Energy - BUY e target price confermati in un contesto di rinnovamento
Sistemi XL, EPC ed export tracciano la rotta: per gli analisti si tratta di una transizione verso un punto di svolta

Ricavi deboli ma redditività in miglioramento nel primo semestre 2025, in un contesto di profondo cambiamento del business che porta a guardare con fiducia al futuro. E' quanto emerge dalla nuova nota di Websim Corporate Research relativa a Energy.
Parliamo di un gruppo che, secondo gli analisti, possiede "asset e know-how distintivi", tali da "posizionarsi tra i principali operatori nel settore dell’ingegnerizzazione, sviluppo e realizzazione di sistemi di accumulo energetici di elevata capacità e potenza, con un presidio diretto non solo sulla produzione di batterie (celle escluse), ma anche su elettronica, cloud e cybersecurity". In sostanza, le sue tecnologie sono utili non solo per stoccare l'energia, ma anche per gestire i flussi in maniera innovativa, sicura e intelligente.

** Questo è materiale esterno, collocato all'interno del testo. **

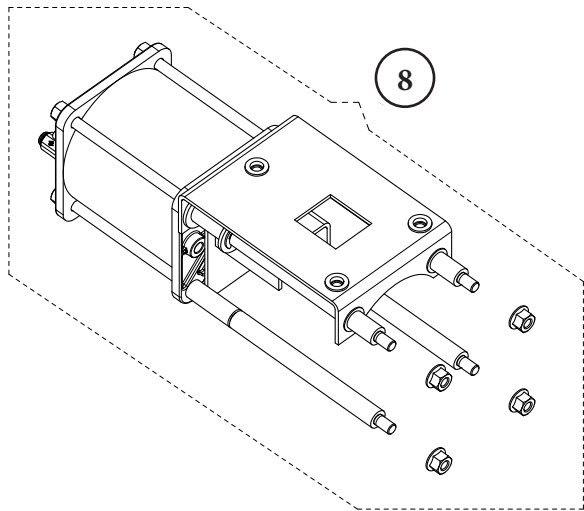

5855 Evo Plus

**Esplso con elenco ricambi
Exploded view with spare parts list**

15

16

13

14

Ref	Code	Descrizione	Description	Description	Beschreibung
1	4592103	MONITOR 19" TOUCH SCREEN 4:3	MONITOR 19" TOUCH SCREEN 4:3	MONITEUR 19" ECRAN TACTILE 4:3	MONITOR 19" TOUCH SCREEN 4:3
2	4399829	RONDELLA 8 (8,4x16x1,5)ZNT6592 (K)	WASHER 8 (8,4x16x1,5)	RONDELLE 8 (8,4X16X1,5)	UNTERLEGSSCHEIBE 8 (8,4x16x1,5)
3	4399827	VITE TE 8x20 8.8 ZNT 5739 (K)	SCREW 8x20	VIS 8x20	SCHRAUBE 8X20
4	4399378	RONDELLA 10 (10,5x21x2)ZNT6592 (K)	WASHER D.10 (10,5x21x2)	RONDELLE D.10 (10,5x21x2)	UNTERLEGSSCHEIBE 10 (10,5x21x2)
5	4398662	ROND.GROWER D.10 (10,5x17,5x2,2) ZNT 1751 (K)	GROWER WASHER D.10	RONDELLE GROWER D.10	BEILAGSSCHEIBE GROWER D.10
6	4399966	VITE TE 10x20 8.8 ZNT 5739 (S) (K)	SCREW 10x20	VIS 10x20	SCHRAUBE 10x20
7	4393952	VITE TE 8x130 8.8 P.F. ZNT 5737	SCREW TE 8x130 P.F. ZNT 5737	VIS TE 8x130 P.F. ZNT 5737	SCHRAUBE TE 8x130 P.F. ZNT 5737
8	4399894	MOLLA TAZZA 8,2X18X1 UNI 8737 - DIN 2093 (*) (K)	BELLEVILLE WASHER 8,2x18x1	RESSORT 8,2x18x1	FEDER 8,2x18x1
9	4399900	DADO AUTOBL.M 8 BASSO 6.S 7474 (K)	SELF-LOCKING NUT M8- LOW.6S. 7474	ECROU DE VERROUILLAGE M8	SELBSTSPERRENDE MUTTER M8
10	6643246	SUPPORTO SUPERIORE MONITOR - NERO	MONITOR UPPER SUPPORT	SUPPORT SUPERIEUR ECRAN	OBERER BILDSCHIRMHALTER
11	6634981	COLONNETTA MONITOR COMPL. - NERO	MONITOR POST - BLACK	COLONNETTE MONITEUR - NOIR	BILDSCHIRMSÄULE - SCHWARZ
12	6643242	SUPPORTO INFERIORE MONITOR - NERO	MONITOR LOWER SUPPORT	SUPPORT INFÉRIEUR ECRAN	UNTERER BILDSCHIRMHALTER
13	3591906	GR. REGOLATORE ARIA S855	REGULATOR S855	REGULATEUR S855	REGLER S855
14	3591901	GR. PEDALE BLOCCAGGIO + VALVOLA	LOCKING PEDAL + VALVE	PEDALE DE BLOCCAGE + SOUPE	SPERRPEDAL + VENTIL
15	3591907	GR. PORTAPESI S855	WEIGHTS HOLDER S855	PORTE-POIDS S855	GEWICHTHALTER S855
16	3591908	CARCASSA S855	MACHINE FRAME S855	CHASSIS S855	MASCHINENRAHMEN S855
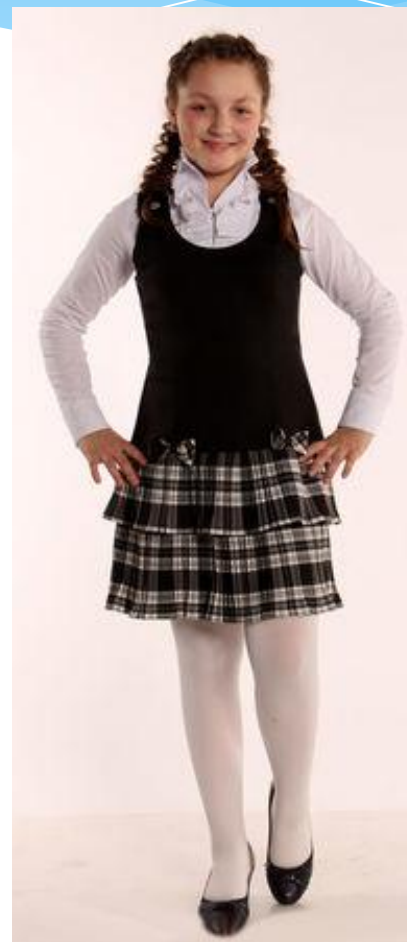

Арт. 86-11Т

Р-р 30-36 полнота 1

40%-шерсть, 28%-пэ, 2%-лайкра

1 020,00

Сарафаны

Арт. 97-20
Р-р 30-36 полнота 2
60%-шерсть, 40%-пэ
1 105,00

Арт. 97-22
Р-р 30-36 полнота 2
60%-шерсть, 40%-пэ
1 105,00

Сарафаны
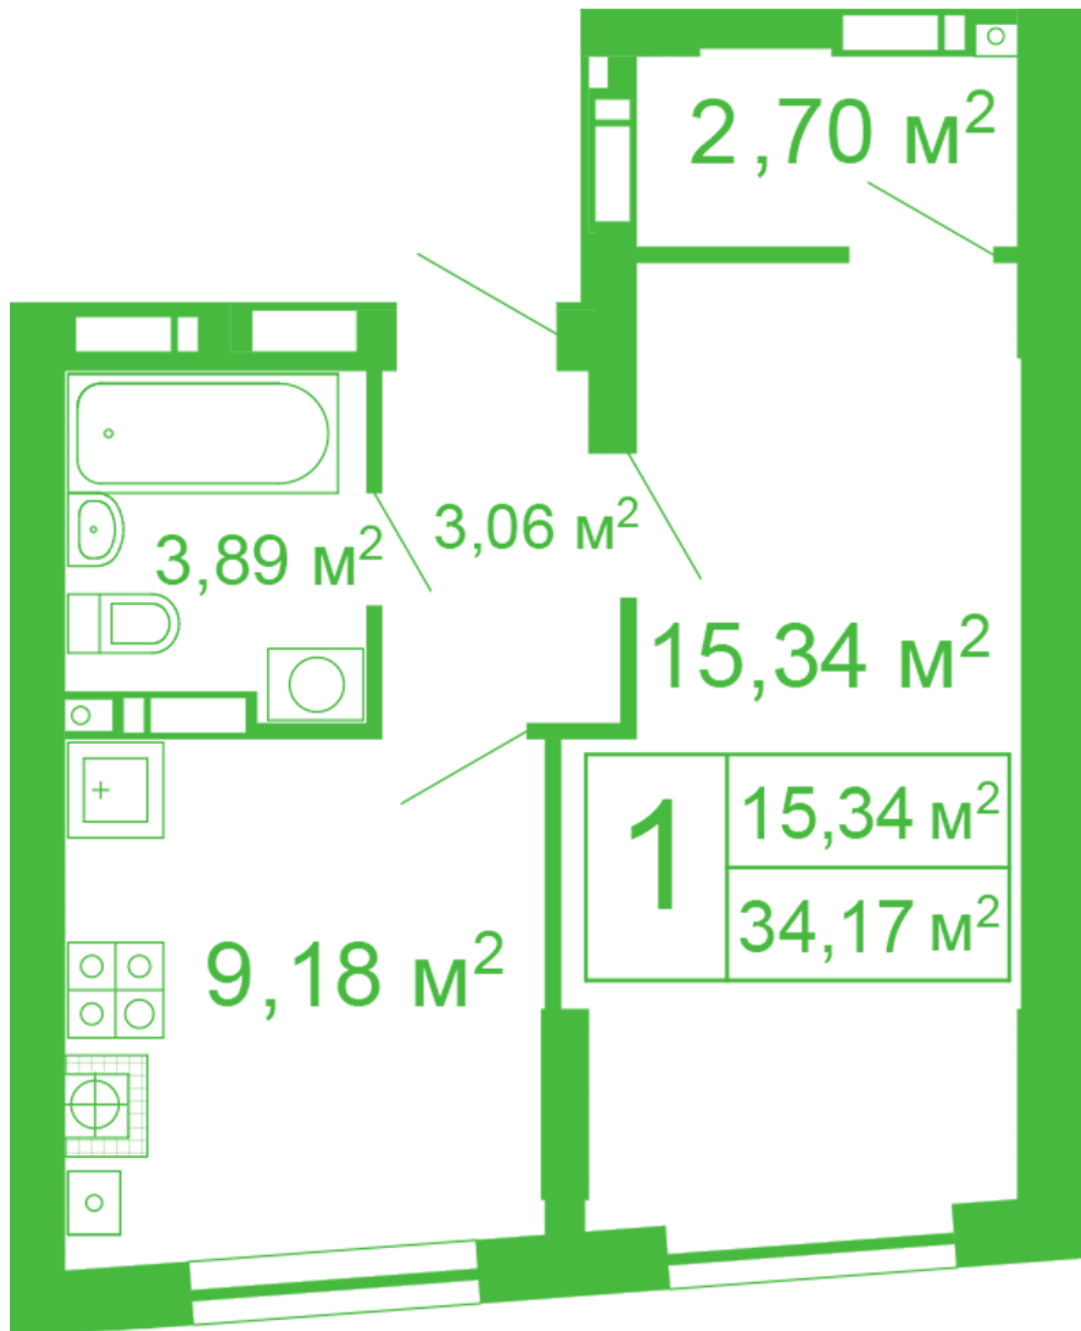

# ЖК "Щасливий" Софіївська Борщагівка

[schastliviy.novabydova.com.ua](http://schastliviy.novabydova.com.ua)

096 023 03 10

Планування 1 кімнатної квартири в будинку на вул.  
Яблунева, 11 – №45/1

## **Тип планування: №45/1**

Будинок Яблунева, 11  
1 кімнатна, 1 Поверх

### **Характеристики**

Загальна площа: 34.17 м<sup>2</sup>  
Житлова площа: 15.34 м<sup>2</sup>  
Площа кухні: 9.18 м<sup>2</sup>
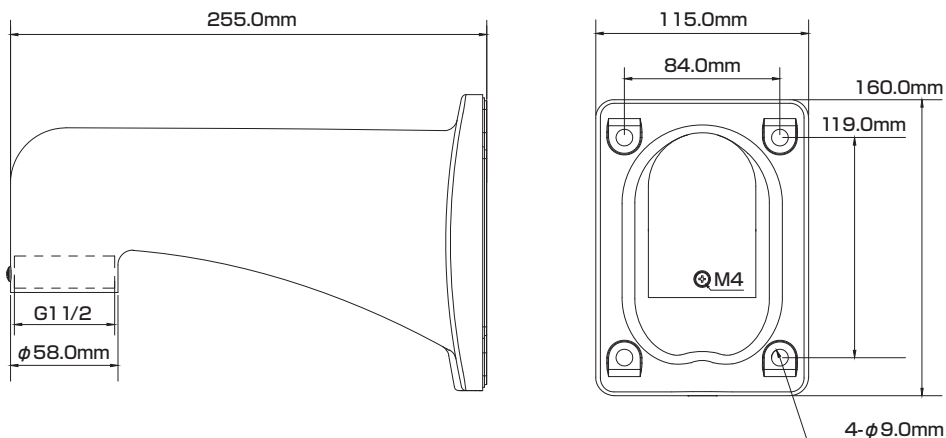

2024年2月 第1版

製品仕様書 保証書付き

■セット内容

- ウォールマウントブラケット本体 ×1
- レンチ ×1

万が一、不足がございましたらお問い合わせ先までご連絡ください。

- この度は弊社製品をお買い上げいただき、誠に有り難う御座いました。本製品仕様書(保証書付き)は、大切に保管していただき、サポート依頼などにご活用ください。なお掲載されている本製品に関する仕様、デザイン、画像、イラストなどは予告なく変更される場合があります、実際の製品とは異なる場合がございます。予めご了承ください。
- 記載されている商標は各所有者に帰属いたします。

⚠ ご使用上の注意 ⚠

- 本製品の分解、修理または改造は、火災や感電、故障の原因となりますのでお控えください。
- 電波状況や設置環境などによって発生する本体故障以外での不具合の対応は出来かねます。
- 異常(煙、異音、異臭など)が発生した場合は、すぐに電源プラグを抜き弊社サポートまでご連絡ください。
- 適切な施工・環境下以外でご使用の場合、製品の性能は保証いたしかねます。

寸法図

製品仕様

一般	材質	アルミニウム合金
	耐荷重	7.0 kg
	カラー	白
環境	動作環境	【温度】-40~60℃ 【湿度】90%以下
構造	寸法	【本体】115.0(幅) × 160.0(高さ) × 255.0(奥行) mm
	重量	【本体】0.66kg

I due volti del primo semestre
Il primo semestre si è chiuso con ricavi netti e valore della produzione in calo rispettivamente del 36,5% e del 27,5% sullo stesso periodo dell’anno precedente, pari a 12,1 milioni e 14,3 milioni di euro. Ma "nonostante la contrazione del giro d’affari, la società è riuscita a ridurre sensibilmente le perdite operative" (Ebitda -0,4 milioni di euro rispetto a -3,2 milioni dei primi sei mesi 2024), grazie "al riallineamento del valore del magazzino effettuato lo scorso anno e a un product mix più remunerativo".
Una metamorfosi guidata da sistemi XL, EPC ed export
Sistemi XL, attività EPC (Engineering, Procurement and Construction) ed export sono "i tre driver evolutivi capaci di cambiare le regole del gioco", all'interno di un percorso che prosegue "verso prodotti, mercati e canali di distribuzione complementari rispetto a quelli originariamente centrali nel modello di business.
In particolare, "in soli 24 mesi", le tecnologie di taglio extra-large "hanno visto crescere il loro contributo ai ricavi consolidati fino al 26% (dal 5% nel primo semestre 2023)". L'effetto traino è arrivato anche dal canale distributivo EPC, raddoppiato su base annua, e dai mercati extra Unione Europea (0,4 milioni contro precedenti 0,1 milioni).
Questa evoluzione, secondo Websim Corporate, "ha consentito al gruppo Energy di accreditarsi nel segmento di mercato a più alta prospettiva di crescita, riducendo al contempo la dipendenza dal segmento residenziale, in difficoltà a seguito del venir meno del Superbonus".
Stime: non ci sono grandi sorprese
Gli analisti hanno spiegato che, pur avendo mediamente ridotto le stime di vendite per il triennio 2025-2027 di oltre il 20%, "abbiamo sostanzialmente confermato le proiezioni di Ebitda e ridotto solo marginalmente le stime di utile". In particolare, sono state ribadite "le aspettative di una chiusura dell’esercizio fiscale corrente con un Ebitda lievemente positivo, mentre è atteso un ritorno a una redditività operativa a doppia cifra già a partire dal prossimo esercizio".
Raccomandazione BUY e target price confermati
Gli esperti hanno dunque concluso reiterando la visione positiva sul titolo (BUY) e confermando il target price a 1,40 euro per azione, "invariato in virtù della sostanziale conferma delle stime operative".